Disadvantages: Fades quickly therefore no permanent preparation.
What is DAPI?
a fluorescent dye with DNA affinity for A + T-specific binding. Chromosomes stained by DAPI alone exhibit Q-band like fluorescence along the length of the chromosomes, but with prominent staining of the heterochromatic regions of chromosomes 1 and 16.

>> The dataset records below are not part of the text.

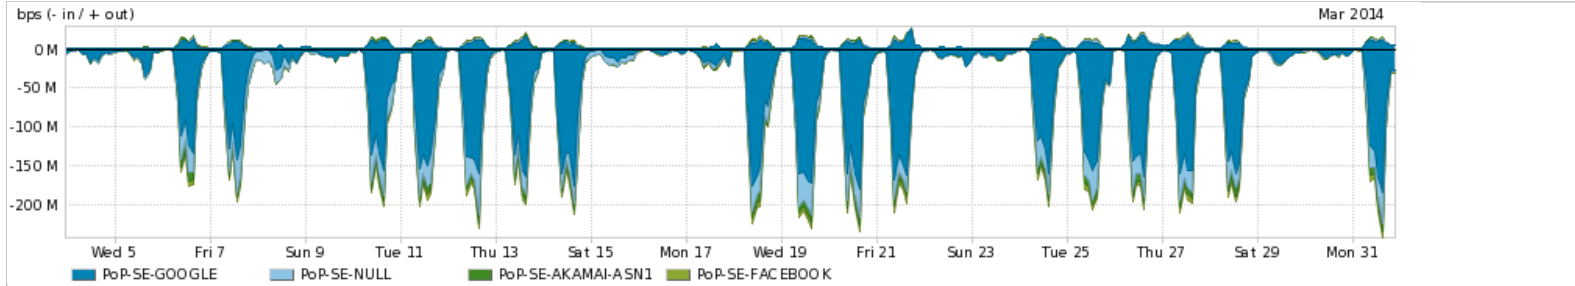

Os gráficos apresentados neste relatório de tráfego estão em formato **stack**, o que significa que seu valor é uma composição da soma dos componentes listados nas legendas localizadas logo abaixo dos gráficos. Os gráficos estão em "bps x tempo" e possuem dois eixos verticais, Out (positivo) e In (negativo).

**Average | Max | PCT95**

PROFILE	PROFILE	IN	OUT	TOTAL	
<input checked="" type="checkbox"/>	PoP-SE	Internet Commodity	13.57 Mbps	6.34 Mbps	19.91 Mbps

**Utilização das trocas de tráfego comerciais no Brasil pelo PoP-SE**

**Average | Max | PCT95**

PROFILE	PROFILE	IN	OUT	TOTAL	
<input checked="" type="checkbox"/>	PoP-SE	Parceiros	63.07 Mbps	22.62 Mbps	85.69 Mbps

**Utilização do serviço de Internet acadêmica internacional pelo PoP-SE**

**Average | Max | PCT95**

PROFILE	PROFILE	IN	OUT	TOTAL	
<input checked="" type="checkbox"/>	PoP-SE	Internet Acadêmica	287.42 Kbps	199.29 Kbps	486.71 Kbps

Redes (AS's de origem) mais acessadas pelo PoP-SE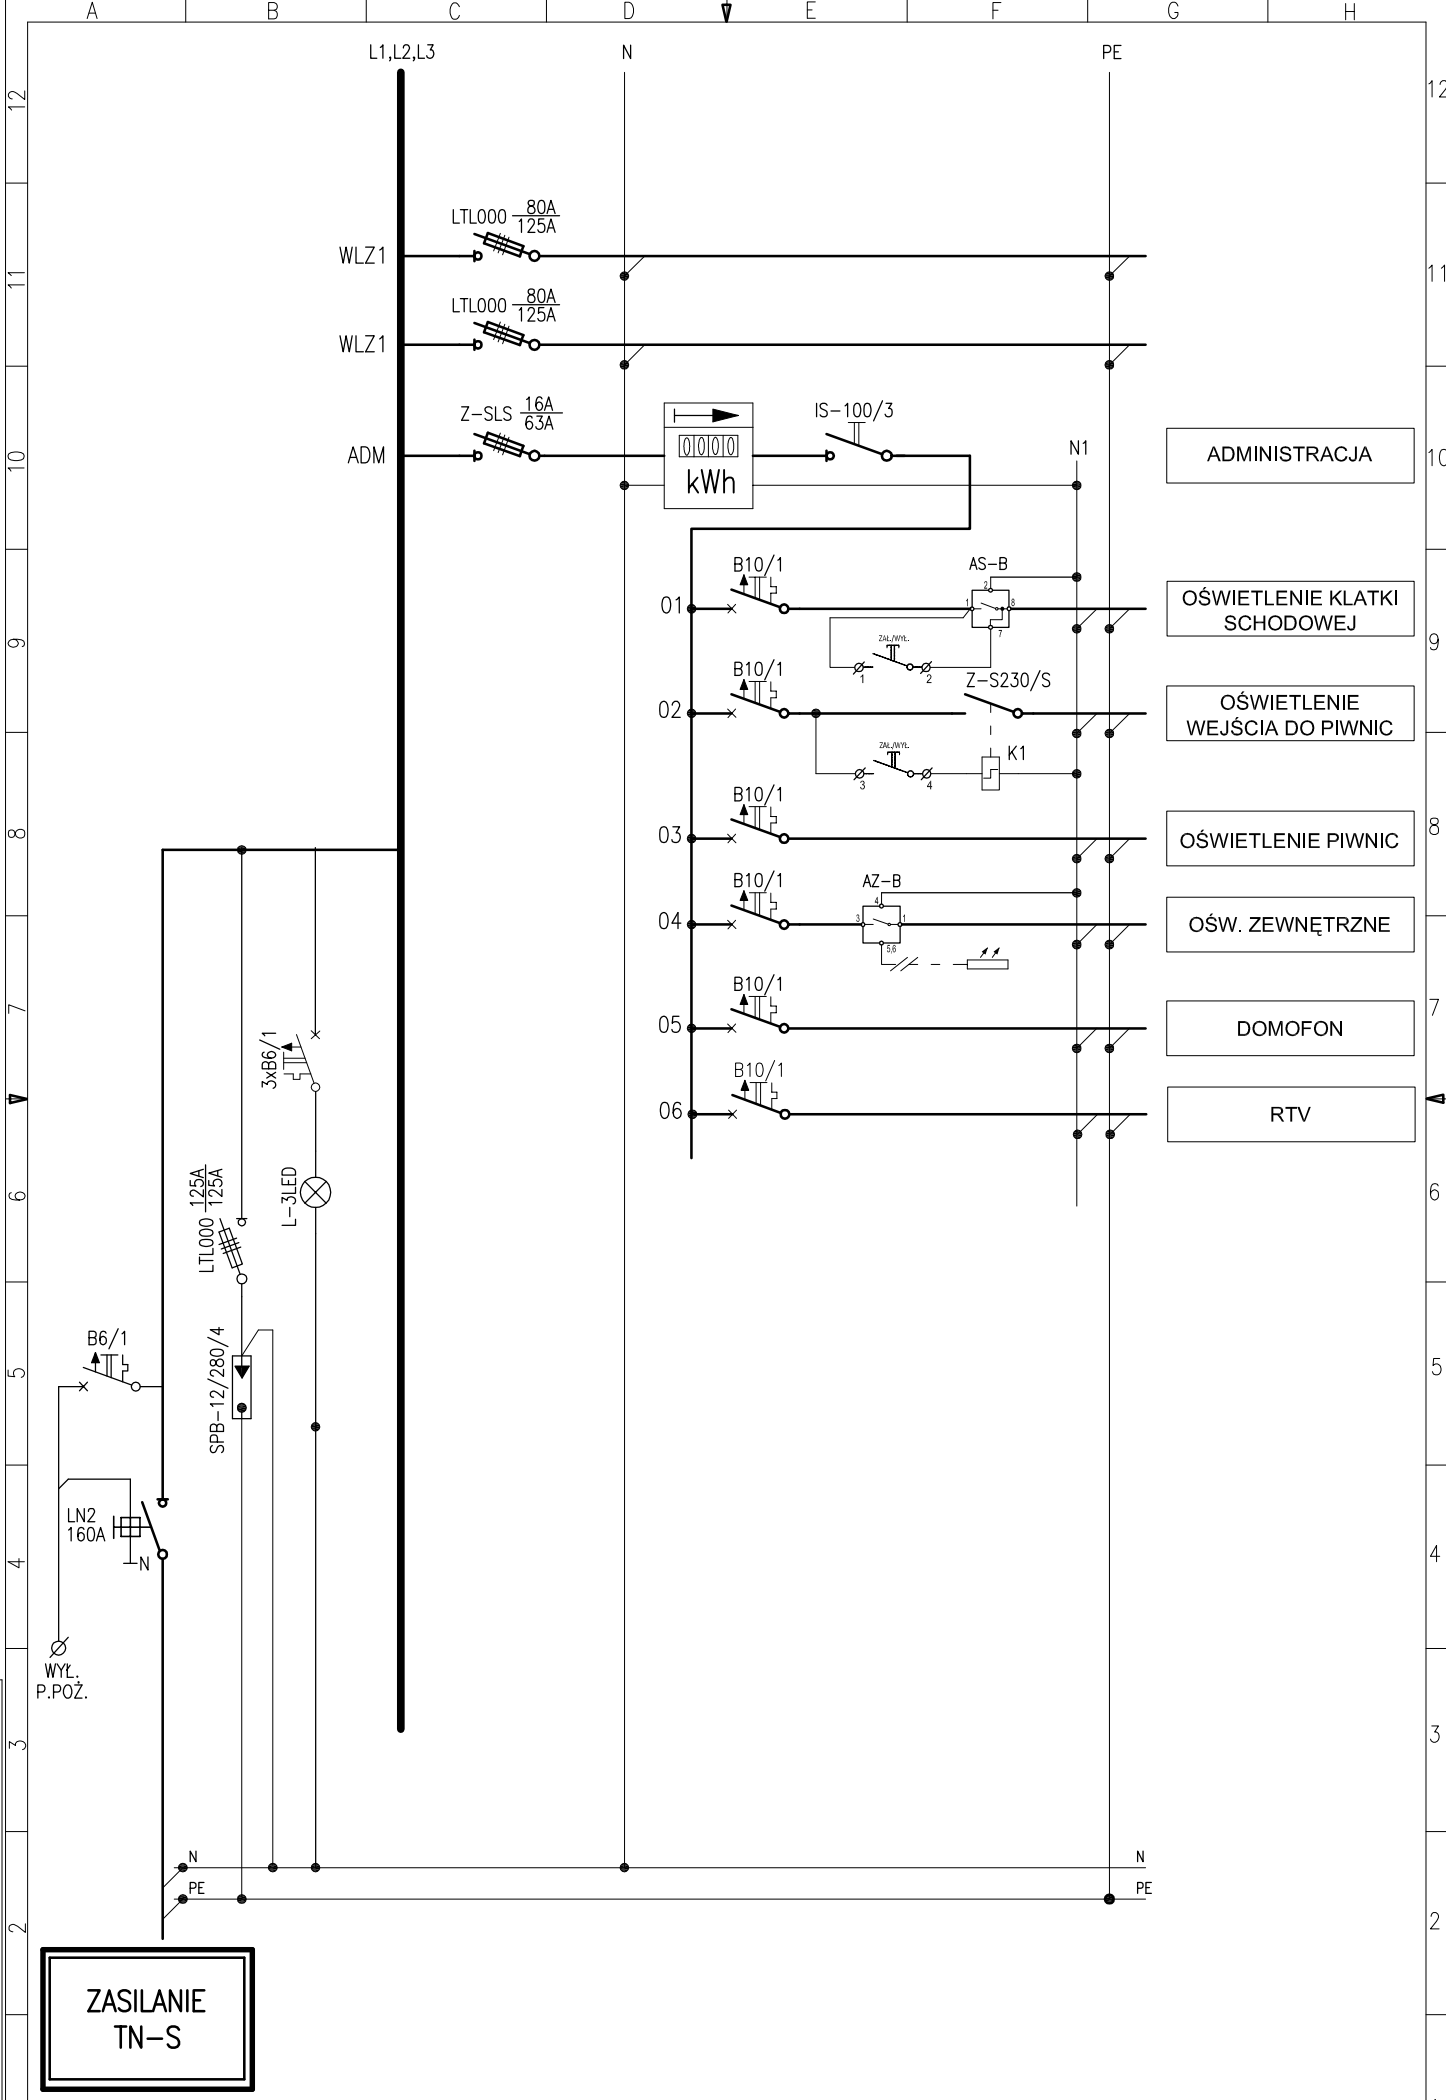

RG/ADM (TYP 3)

250 lub 300

Rysunek jest chroniony prawem autorskim. Kopowanie i rozpowszechnianie bez zgody RADIOLEX-u spowoduje pociąganie do odpowiedzialności cywilnej i karnej.

Radiolex® 83-000 Pruszcz Gd.
ul. Przemysłowa 8
OBUDOWY I ROZDZIELNICE tel.058-6822034

NAZWA OBIEKTU

ROZDZIELNICA RG/ADM (TYP 3)
WIDOK

DATA
1 2
ARK. ARK.

A B C D E F G H

Rysunek jest chroniony prawem autorskim.
 Kopiowanie i rozpowszechnianie bez zgody RADIOLEX-u
 spowoduje pociąganie do odpowiedzialności cywilnej i karnej

Radiolex® 83-000 Pruszcz Gd.
 ul. Przemysłowa 8
 OBUDOWY I ROZDZIELNICE tel.058-6822034

ROZDZIELNICA RG/ADM (TYP 3)
 SCHEMAT

05.08.2009

DATA		
ARK.	2	2

NAZWA OBIEKTU

NAZWA ROZDZIELNICY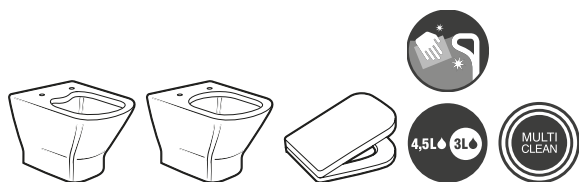

Inodoro tanque alto o empotrable adosado a pared

540 mm de longitud

€
Blanco

Taza para tanque alto, tanque empotrable o fluxor Rimless, de salida dual con juego de fijación	A347737000	191,00
Taza para tanque alto, tanque empotrable o fluxor, de salida dual con juego de fijación	A347477000	163,00
Asiento y tapa de caída amortiguada	A801472004 *	98,30
Asiento y tapa	A801470004 *	53,00
Asiento y tapa de Supralit®, de caída amortiguada	Novedad A80147200B	98,30
Asiento y tapa de Supralit®	Novedad A80147000B	53,00

Bidé

580 mm de longitud

€
Blanco

Bidé	A357474000	110,00
Tapa bidé de caída amortiguada	A806472004 *	98,30
Tapa bidé	A806470004 *	53,00
Tapa bidé de Supralit®, de caída amortiguada	Novedad A80647200B	98,30
Tapa bidé de Supralit®	Novedad A80647000B	53,00

Bidé adosado a pared

540 mm de longitud

€
Blanco

Bidé	A357477000	110,00
Tapa bidé de caída amortiguada	A806472004 *	98,30
Tapa bidé	A806470004 *	53,00
Tapa bidé de Supralit®, de caída amortiguada	Novedad A80673200B	112,00
Tapa bidé de Supralit®	Novedad A80673000B	60,50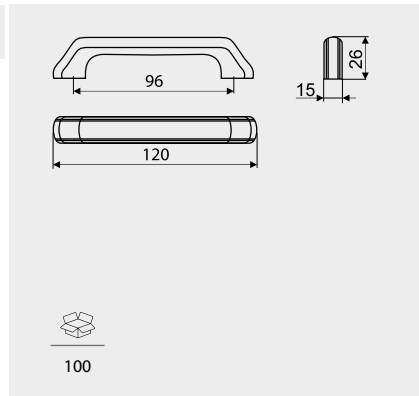

Czy wiesz, że...

Do you know that... / Wissen Sie, dass... / Знаете ли вы, что...

obecnie do produkcji stosujemy **wiele różnych materiałów**: ZnAl, aluminium, stal, stal nierdzewna, tworzywo sztuczne, szkło, emalia, ceramika, skóra, drewno, sznur ... życzenia klientów to dla nas wyzwanie!

currently, we use many different materials for production: Zinc alloy, aluminum, steel, stainless steel, plastic, glass, ceramic, enamel, leather, wood, rope ... customer desires are challenge for us!

bei der Produktion verwenden wir viele verschiedene Materialien: Zamac, Aluminium, Stahl, Edelstahl, Kunststoff, Glas, Keramik, Emaille, Leder, Holz ... Spezielle Kundenwünsche sind für uns eine Herausforderung!

в настоящее время для производства мы используем много различных материалов: замас, алюминий, сталь, нержавеющая сталь, пластмасса, стекло, керамика, эмаль, кожа, дерево, веревка ... пожелания клиентов - задание для нас!

Describe some uses of DAPI
Staining pattern highlights the following bright blue: 1qh, 9qh, 16qh,Yqh, distal short arm of chromosome 15. The rest of the chromosomes stain pale blue.Polymorphisms- as for C banding; 15p polymorphisms and identification of markers that satellited, e.g. dic(15) or idic(15).
What is Bloom syndrome?
Rare, autosomal recessive disease ass. with primordial dwarfism, sun-sensitive skin lesions, characteristic facies and immunodeficiency, azoospermia in males /POF in females.
Dysfunctional BLM no longer prevents SCEs after DNA damage leading to hyper-recombinability and high spontaneous SCEs frequently observed up to 10x more than normal individuals.
What are sister chromatid exchanges (SCEs)?
SCEs: occur spontaneously, distribution non-random. They are a reciprocal exchange of genetic material from two identical chromatids following their duplication in S phase of the cell cycle. Normal human cells have 5-8 SCEs per mitosis.